Ce road-movie musical qui montre le périple de Youssou Ndour à travers les USA, en passant par le Luxembourg, est ponctué de séances de répétitions et de préparations de concerts, de discussions et de déclamations de poèmes liées à la question de l’esclavage. Pierre Yves à travers une démarche faite de poésie et d´un souci de pragmatisme et d’efficacité a su bien résumer ce voyage qui a débuté au lieu de la porte du voyage sans retour pour se terminer au même endroit.
La réussite du film à mon sens tient du fait que Pierre Yves est parvenu à filmer Youssou Ndour non pas comme une staaar, mais juste comme un homme complètement accessible. Un homme qui marche seul dans les rues plutôt délabrées de la Nouvelles orléans. Un homme qui arrive à l´aéroport sans être accueilli, sinon que par ses amis. Un homme qui offre avec une certaine sollicitude son épaule á Moncef Genoud (handicapé visuel) pour le guider d´un endroit á un autre. Un homme habillé en survêtement sportif, et assis à même la moquette sans aucun souci de son « Image ».
Heureusement que Pierre Yves a eu cette intelligence. Autrement qui peut être (fusse-t-il Youssou Ndour), une star devant Joseph Ndiaye qui (toujours égal à lui-même) a vu défiler devant lui à la maison des esclaves Georges W Bush, le Pape Jean Paul II, Barack Obama, Bill Clinton, Nelson Mandela, etc… Comment être une start devant Amiri et Amina Baraka, qui jusqu´á leur dernier souffle ont combattu pour un monde plus juste et plus équilibré, en particulier pour des afro-américains ? Comment être une star devant Idriss Muhamed ce digne fils spirituel de l´impérissable Art Blakey ? Idriss qui a accompagné les plus grands jazzmen de son époque Ahmad Jamal, Randy Weston, Pharoah Sanders, Jonnhy Griffin, etc. Pourtant dans le film on voit Idriss qui marche dans les rues de Dakar dans un total anonymat, avec une attitude qui faisait que n’importe qui pouvait l’interpeller et avoir un moment d´échanges avec lui.

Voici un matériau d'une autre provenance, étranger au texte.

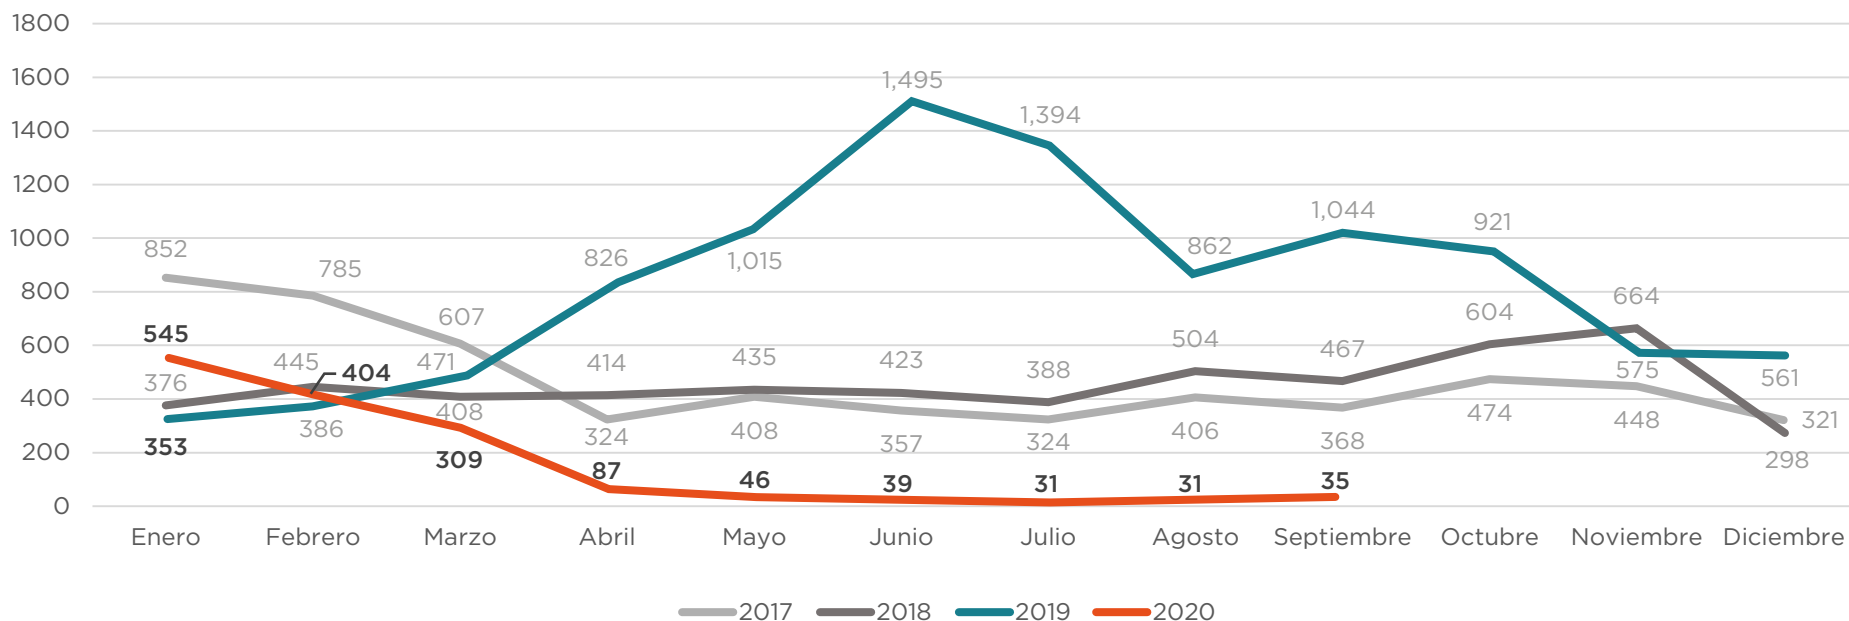

1,527

Total de Mujeres y Niñas retornadas
Enero - Septiembre 2020

MUJERES Y NIÑAS RETORNADAS SEGÚN PAÍS DE REPATRIACIÓN

Enero - Septiembre 2020

MOTIVOS REPORTADOS PARA MIGRAR / Enero - Septiembre 2020

*Registros excluidos para los porcentajes de cada motivo debido a que no se especificó una respuesta (2.5% para toda la población adulta; 84.9% para toda la niñez)

PERSONAS ADULTAS (18+) RETORNADAS

Enero - Septiembre 2020

TOTAL DE MUJERES Y NIÑAS RETORNADAS MENSUALMENTE A EL SALVADOR / ENERO 2017 - SEPTIEMBRE 2020

Fuente: Dirección General de Migración y Extranjería (DGME).

VARIACIÓN

Enero - Septiembre 2019 y Enero - Septiembre 2020

VARIACIÓN TOTAL

-80.5% ↓ 

2019: 7,846
2020: 1,527

ESTADOS UNIDOS

-45.7% ↓

2019: 2,051
2020: 1,113
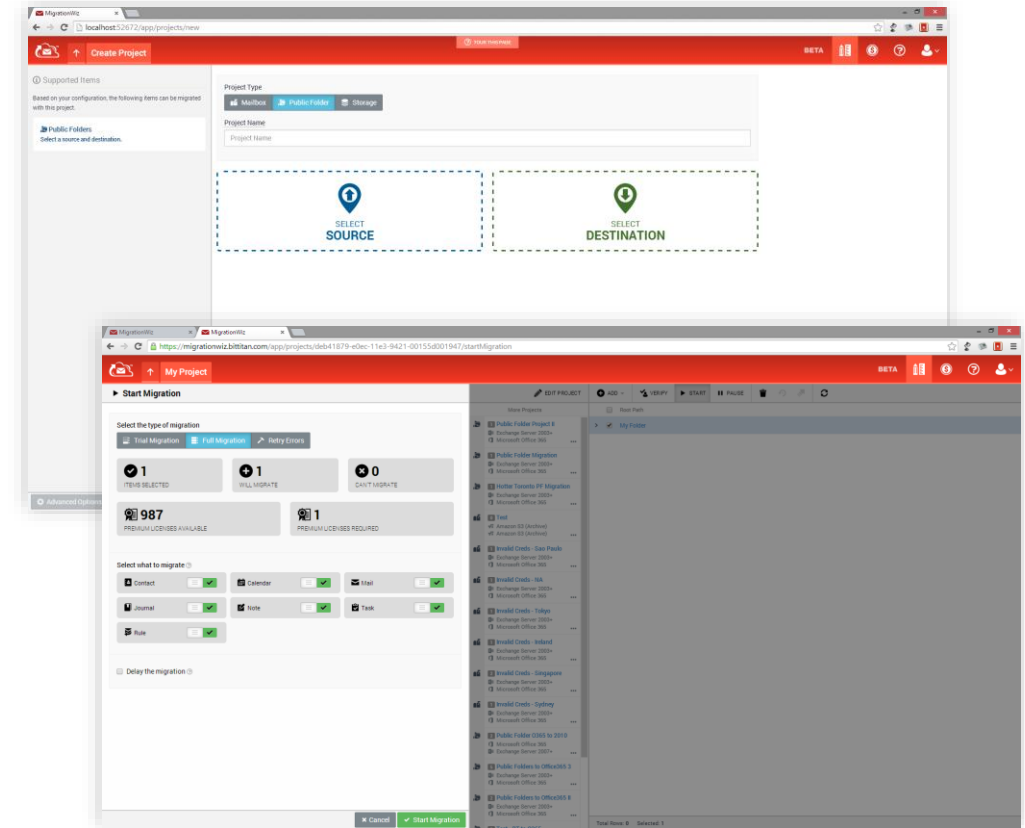

ConnectNow

**Migre todo, en cualquier momento y en cualquier lugar**

# MIGRA TODO, EN CUALQUIER MOMENTO Y EN CUALQUIER LUGAR

MigrationWiz es una solución de migración de datos y correo electrónico basada en la nube que le permite migrar desde cualquier origen a cualquier destino.

La solución SaaS de nivel empresarial le permite migrar múltiples cargas de trabajo y elimina la complejidad de sus proyectos de migración.
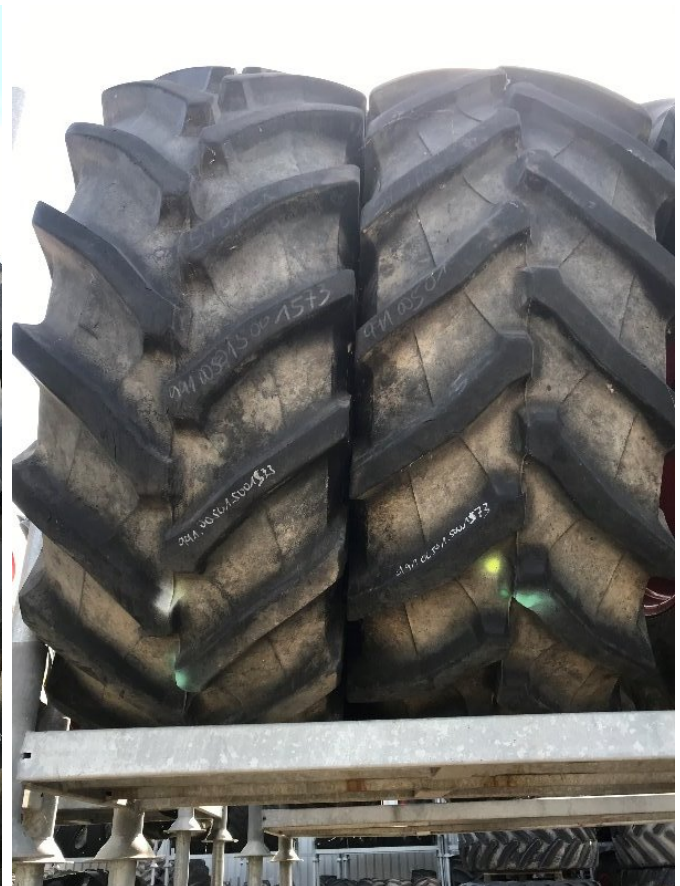

## Trelleborg 540/65 R34 TM 800 [991.00501.5001573]

Baujahr:

Datum: 23.01.2025

Bauart:

Räder + Reifen + Felgen

Kategorie:

Rad

**2.400,00 €**

### Beschreibung

- 2 Stück Komplettrad Trelleborg 540/65 R34 TM 800

**Größe Vorderrad**  
**Lochanzahl**

54065r34  
10

- auf rot lackierter 10
- Loch
  - Felge, mit ca. 80% Restprofil. \*Günstiger Versand als Stückgut möglich!\*

Dakar, New-Orléans, Gorée, Jazz
Presque vingt ans après sa sortie (2027), le film n´a pris aucun ride. Nous l´avons vu hier samedi 15 Mars au cinéma city-club de Pully à Lausanne où la culture sénégalaise fut à l´honneur. La projection était suivie d´un concert du groupe Jëf Jël de Thiès qui a livré au public une prestation époustouflante.